**What to work on**.
Leave every picture out and print exactly the lines that run from the one containing "Band12-10MHz-QPSK-23095-50RB#0" to the end of the listing.

**Data**.
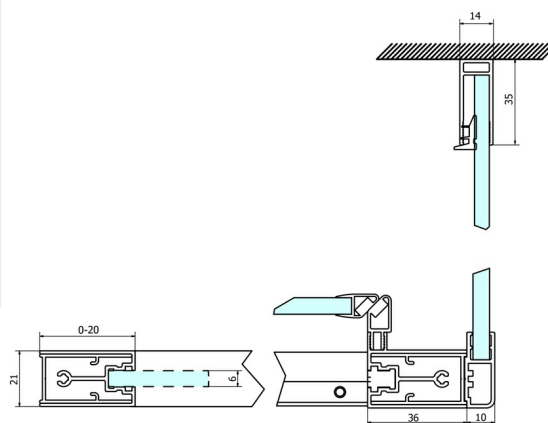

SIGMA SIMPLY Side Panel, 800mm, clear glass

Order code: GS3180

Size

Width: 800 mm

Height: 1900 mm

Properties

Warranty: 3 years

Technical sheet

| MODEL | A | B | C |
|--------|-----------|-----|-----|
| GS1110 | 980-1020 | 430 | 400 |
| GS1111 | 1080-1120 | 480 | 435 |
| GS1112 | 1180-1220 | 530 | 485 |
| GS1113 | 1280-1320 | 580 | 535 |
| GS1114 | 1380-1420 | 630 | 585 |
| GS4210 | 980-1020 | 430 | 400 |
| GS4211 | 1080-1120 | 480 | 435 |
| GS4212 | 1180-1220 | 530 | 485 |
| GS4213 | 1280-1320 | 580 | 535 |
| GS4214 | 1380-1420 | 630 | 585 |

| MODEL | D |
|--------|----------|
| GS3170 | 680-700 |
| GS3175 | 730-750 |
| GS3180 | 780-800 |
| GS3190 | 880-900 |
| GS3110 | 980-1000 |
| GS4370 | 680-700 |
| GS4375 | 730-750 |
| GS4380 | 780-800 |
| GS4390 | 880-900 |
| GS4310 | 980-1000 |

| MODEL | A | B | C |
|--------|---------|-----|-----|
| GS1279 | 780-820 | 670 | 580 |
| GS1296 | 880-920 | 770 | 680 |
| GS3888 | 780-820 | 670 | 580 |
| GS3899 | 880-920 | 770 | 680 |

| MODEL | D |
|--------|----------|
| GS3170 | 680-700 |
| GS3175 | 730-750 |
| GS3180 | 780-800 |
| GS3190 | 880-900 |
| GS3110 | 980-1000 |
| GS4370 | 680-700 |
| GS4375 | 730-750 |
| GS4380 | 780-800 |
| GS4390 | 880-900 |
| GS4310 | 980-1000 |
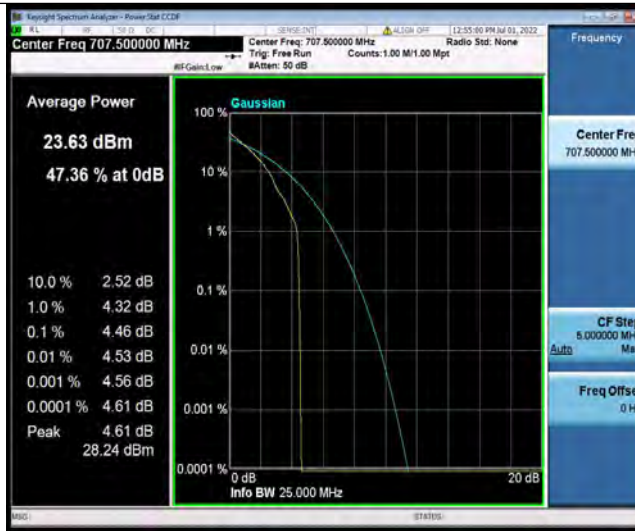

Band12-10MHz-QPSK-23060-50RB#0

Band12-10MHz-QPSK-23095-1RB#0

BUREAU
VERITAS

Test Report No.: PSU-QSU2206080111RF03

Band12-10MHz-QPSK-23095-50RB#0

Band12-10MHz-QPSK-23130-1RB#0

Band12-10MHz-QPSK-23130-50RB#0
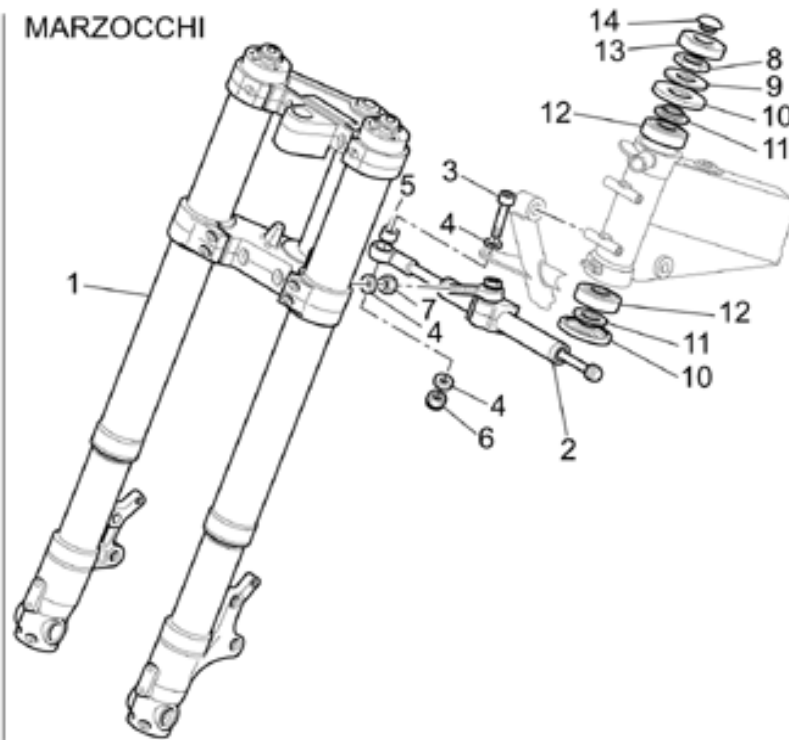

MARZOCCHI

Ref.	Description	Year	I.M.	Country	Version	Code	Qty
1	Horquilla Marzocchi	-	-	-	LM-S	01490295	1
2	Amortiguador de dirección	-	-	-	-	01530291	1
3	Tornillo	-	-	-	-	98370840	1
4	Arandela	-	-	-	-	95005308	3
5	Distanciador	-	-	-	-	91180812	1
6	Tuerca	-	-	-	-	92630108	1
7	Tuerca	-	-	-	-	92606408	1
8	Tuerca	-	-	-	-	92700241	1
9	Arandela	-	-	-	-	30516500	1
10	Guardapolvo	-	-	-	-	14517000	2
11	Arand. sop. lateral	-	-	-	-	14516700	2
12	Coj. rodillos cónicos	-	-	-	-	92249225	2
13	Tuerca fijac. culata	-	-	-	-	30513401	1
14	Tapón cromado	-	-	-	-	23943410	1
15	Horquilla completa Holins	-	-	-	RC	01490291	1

**Reply**.
Band12-10MHz-QPSK-23095-50RB#0

Band12-10MHz-QPSK-23130-1RB#0

Band12-10MHz-QPSK-23130-50RB#0

MARZOCCHI

Ref.	Description	Year	I.M.	Country	Version	Code	Qty
1	Horquilla Marzocchi	-	-	-	LM-S	01490295	1
2	Amortiguador de dirección	-	-	-	-	01530291	1
3	Tornillo	-	-	-	-	98370840	1
4	Arandela	-	-	-	-	95005308	3
5	Distanciador	-	-	-	-	91180812	1
6	Tuerca	-	-	-	-	92630108	1
7	Tuerca	-	-	-	-	92606408	1
8	Tuerca	-	-	-	-	92700241	1
9	Arandela	-	-	-	-	30516500	1
10	Guardapolvo	-	-	-	-	14517000	2
11	Arand. sop. lateral	-	-	-	-	14516700	2
12	Coj. rodillos cónicos	-	-	-	-	92249225	2
13	Tuerca fijac. culata	-	-	-	-	30513401	1
14	Tapón cromado	-	-	-	-	23943410	1
15	Horquilla completa Holins	-	-	-	RC	01490291	1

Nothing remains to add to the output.